TASK REQUIREMENTS: Only the lines from the one containing "- 1 高橋 魁 (仙台城南高校)" to the end of the data are wanted; print them exactly as they appear.
*** EXTRACTED ENTRIES Section Begins ***
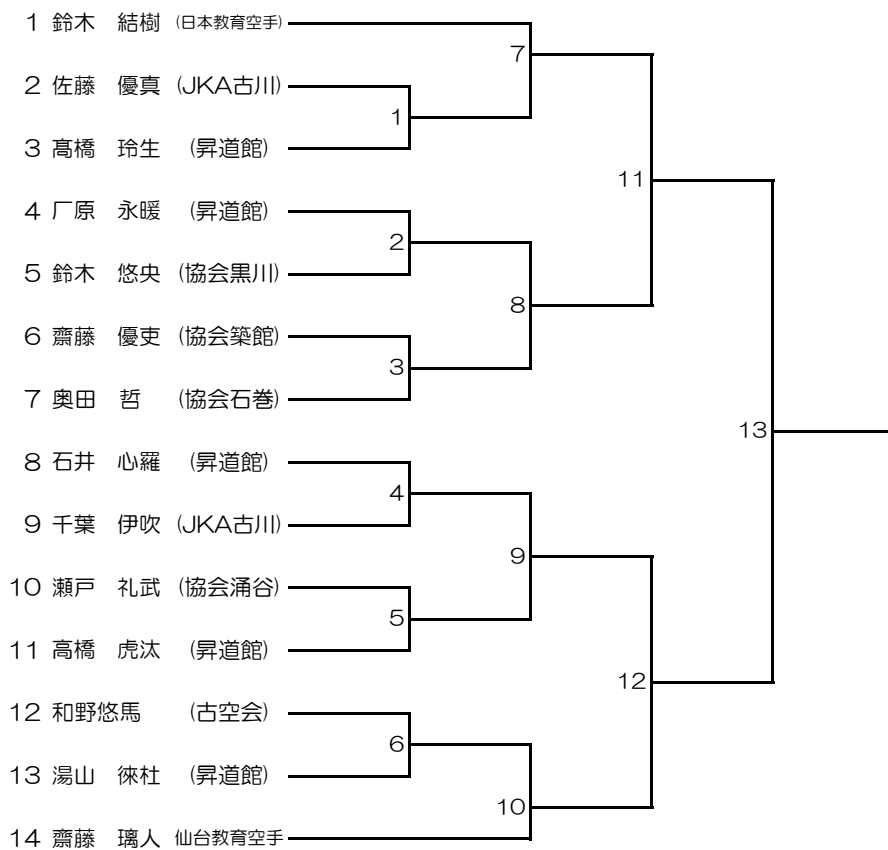

成年男子組手

- 1 高橋 魁 (仙台城南高校)
- 2 鈴木 寛也 (東北学院高校)
- 

成年男子団体組手

- 1 尚志会
- 2 昇道館
- 

小学生団体組手

中学生女子団体組手

中学生男子団体組手

成少年女子団体組手

少年男子団体組手

1年女子形

1年男子形

2年女子形

3年女子形

4年女子形

5年女子形

6年女子形
*** EXTRACTED ENTRIES Section Ends ***
EXERCISE RESULT:
- 1 高橋 魁 (仙台城南高校)
- 2 鈴木 寛也 (東北学院高校)
- 

成年男子団体組手

- 1 尚志会
- 2 昇道館
- 

小学生団体組手

中学生女子団体組手

中学生男子団体組手

成少年女子団体組手

少年男子団体組手

1年女子形

1年男子形

2年女子形

3年女子形

4年女子形

5年女子形

6年女子形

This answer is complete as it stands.